Bed change analyses are classified into short-term bed change analysis, in which the aspects of erosion and deposition including local scours in the surroundings of a stream structure or at a curved channel are analyzed, and long-term bed change analysis, in which the occurrence of erosion and deposition caused by the change in the sediment transport form over time is analyzed. Accurately observed hydraulic data and hydrologic data are important and fundamental to predicting and analyzing bed changes. It is time-consuming and expensive to acquire the hydraulic data and hydrologic data and investigate the bed changes of many streams in various regions. The hydraulic data and hydrologic data are collected mostly in large-scale rivers, and most of small-sized and medium-sized streams are not gauged. Therefore, it is very important to looking for an alternative to replace the adequate hydraulic and hydrologic data instead of the measured for analyzing the corresponding bed changes at ungauged small- and medium-sized streams.
A two- or three-dimensional model is commonly used to analyze the characteristics of local erosion and deposition around river structures, otherwise a one-dimensional model is used for the prediction of long-term bed change.

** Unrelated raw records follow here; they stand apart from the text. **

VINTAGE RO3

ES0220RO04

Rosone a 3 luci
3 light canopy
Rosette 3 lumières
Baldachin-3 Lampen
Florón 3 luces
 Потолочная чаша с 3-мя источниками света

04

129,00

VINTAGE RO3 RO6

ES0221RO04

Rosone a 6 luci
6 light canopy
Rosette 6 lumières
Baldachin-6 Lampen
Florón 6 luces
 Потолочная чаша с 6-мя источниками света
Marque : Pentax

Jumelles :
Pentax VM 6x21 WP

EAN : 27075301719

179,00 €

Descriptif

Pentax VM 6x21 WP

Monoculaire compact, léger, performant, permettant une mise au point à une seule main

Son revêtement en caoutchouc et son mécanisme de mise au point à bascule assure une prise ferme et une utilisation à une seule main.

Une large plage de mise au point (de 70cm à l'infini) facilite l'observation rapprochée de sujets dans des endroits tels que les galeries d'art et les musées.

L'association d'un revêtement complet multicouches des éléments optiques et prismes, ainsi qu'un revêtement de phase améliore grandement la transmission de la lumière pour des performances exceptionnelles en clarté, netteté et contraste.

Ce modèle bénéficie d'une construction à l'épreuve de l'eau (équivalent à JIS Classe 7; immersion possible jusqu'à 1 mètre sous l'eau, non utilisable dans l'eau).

However, long-term bed change analyses using a two- or three-dimensional model have disadvantages in that the simulation takes a long time, and an incorrect simulation result may be obtained unless an accurate boundary condition and sediment transport formulas are used when applying the model. Therefore, most of the bed change analyses using a two- or three-dimensional model are short-term bed-change analyses when flooding.

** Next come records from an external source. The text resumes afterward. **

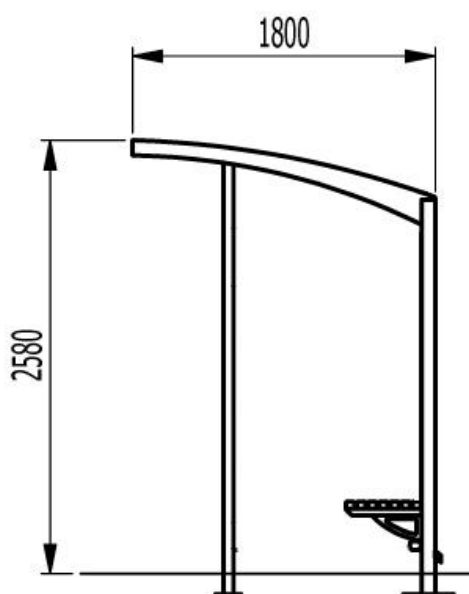

Rozměry	3000 X 1500 2595 mm	4000 X 1500 2595 mm	5000 X 1500 2595 mm
Materiál	Ocelová konstrukce / Lexan / bezpečnostní sklo/ dřevěná lavka		

Možnost provedení: hloubka 1800 mm

RAL 6029

RAL 7016

RAL 9006

RAL 9005
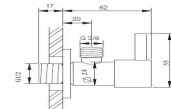

Rfa. 55LLPCN40 1/2" X 3/8"

17,00 €

LLAVE ESCUADRA CUADRADA DORADA

- Fabricado en latón dorado
- Montura cerámica
- Cierre de vuelta 1/4"
- Medida 1/2" x 3/8"

Rfa. 55LLPCD40 1/2" X 3/8"

17,00 €

LLAVE ESCUADRA REDONDA CROMADA
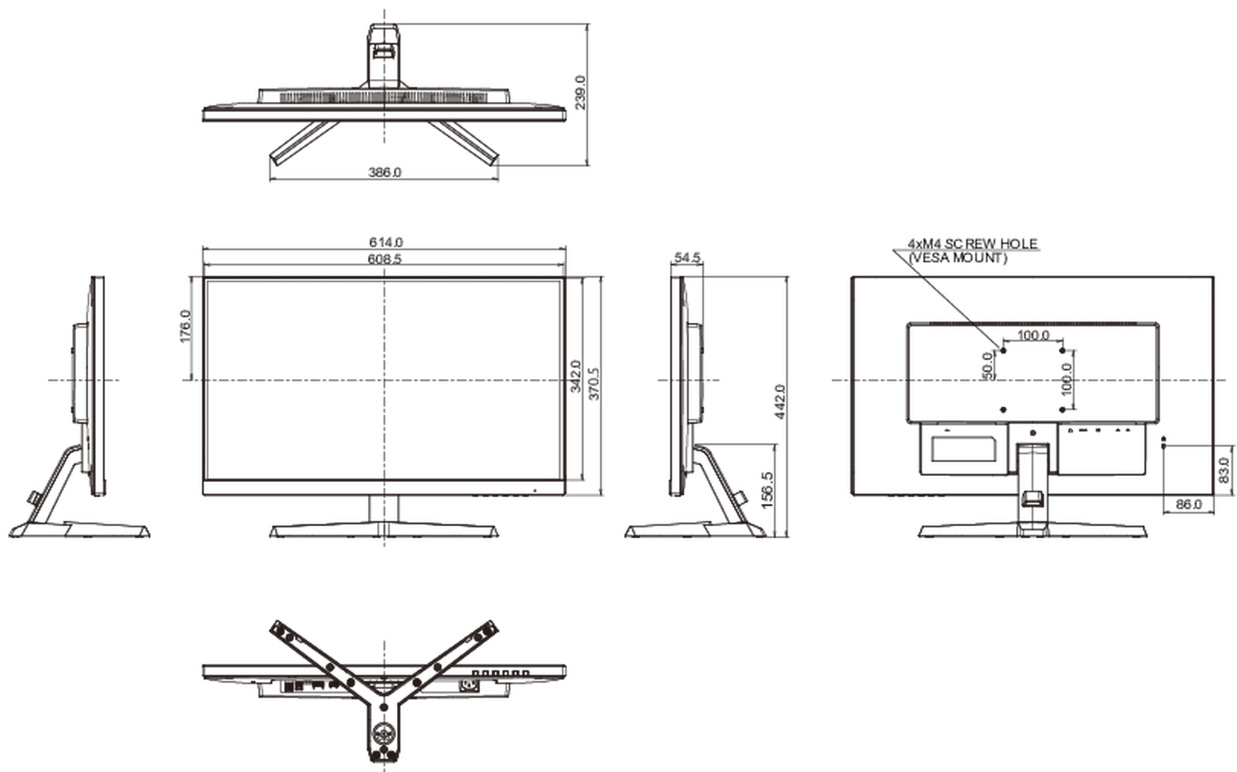

04 MECHANISME

Positieaanpassingen	kantelen
Kantelhoek	21.5° omhoog; 3.5° omlaag
VESA montage	100 x 100mm
Kabelmanagement systeem	ja

05 INBEGREPEN ACCESSOIRES

Kabels	Stroom, USB, HDMI, DP
Overige	Quick guide handleiding, veiligheidsinstructies

08 AFMETINGEN / GEWICHT

Product afmetingen B x H x D	614 x 442 x 239mm
Gewicht (zonder doos)	4.4kg
EAN code	4948570121069

Alle handelsmerken zijn geregistreerd. Gegevens onder voorbehoud van zetfouten. Specificaties kunnen vooraf en zonder opgave van reden gewijzigd worden. Alle LCD-panels vallen onder ISO-9241-307:2008 inzake pixelfouten.

In Monsoon region, the summer and the fall have a flooding due to the highly concentrated precipitation. The spring and the winter are considered to be dry seasons because there is little precipitation. As a result, seasonal changes over a year evidently affect the river bed. Accordingly, the streams in Monsoon-affected regions show different annual bed changes from the diverse changes in flow. Therefore, it is important to analyze the hydrologic, hydraulic, and bed change during a year in Monsoon region [1,2].

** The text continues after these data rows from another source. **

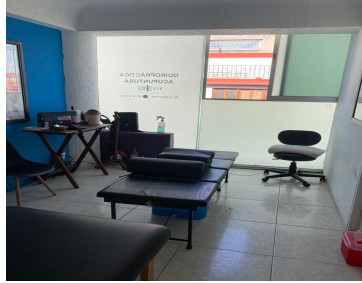

DATOS DEL VENDEDOR

Nombre: Inversionesinmobiliarias67@gm

Télefono:5526571163

¡ENCONTRAMOS EL LUGAR PERFECTO PARA TI!

www.pinmx.com
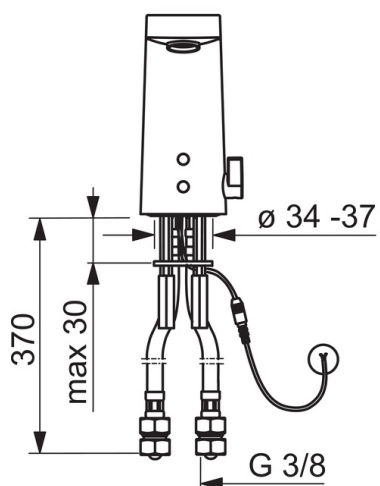

Reserve deler

SP6125F

Navn	Kode	NRF
01 Strålesamler og verktøy, M18.5x1	601901V	4205143
02 Sensor, 12 V	600082V	4204499
02 Sensor, 6/9/12 V Bluetooth	1001424V	4205256
03 Magnetventil, komplett	199206V	4204494
04 Membran m/støttering	199205V	4204493
05 Temperaturreguleringsdel	199201V	4204407
06 Temperaturreguleringsgrep	601877V	4205142
07 Kranfeste, komplett	158697	4204524
08 Pakning, 8x14.3x2	600705/10	4204415
09 Smussfilter	199257/2	4204497
10 Filter/Tilbakeslagsventil	198473/2	4204865
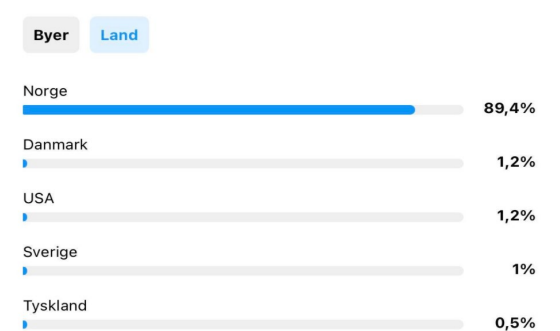

Hvem er våre følgere?

The stream flow dominant to bed change in Monsoon region exhibits substantial seasonal variation of flood and low flows over a year. Thus, it is imperative to predict the long-term bed change rather than the short-term bed change with respect to the flood season for planning various river projects. Accordingly, for the analysis of the long-term bed change, accurate data of the flow and sediment that dominate the bed change should be used. Choi et al. [3] performed a simulation of bed change for 12 years from 1986 to 1998 using the surface-water modeling system (SMS), a two-dimensional bed change model, and the result coincided with the surveyed cross-section, confirming the applicability of the model. Ahn et al. [4] analyzed the erosion and deposition sections of sediment load in the Mississippi river by simulating bed change for approximately 20 years from 1975 to 1995 and comparing the result with the surveyed, which resulted in good agreement. Garcia-Martinez et al. [5] developed an algorithm reducing the simulation time of two-dimensional long-term bed change and verified its applicability by comparing the result of bed-change simulation for the Apure river for 5 years with the result of a one-dimensional model. Klar et al. [6] verified the accuracy of the sediment transport analysis for 10 years by using the distributed computing approach to reasonably reduce the limit on the calculation time of sediment transport simulation using a two-dimensional model. Karmaker and Dutta [7] predicted morphological and thalweg changes in a dynamic braided-river reach, and confirmed the applicability of a 2D model in a complex riverine using numerical riverine model of MIKE21C.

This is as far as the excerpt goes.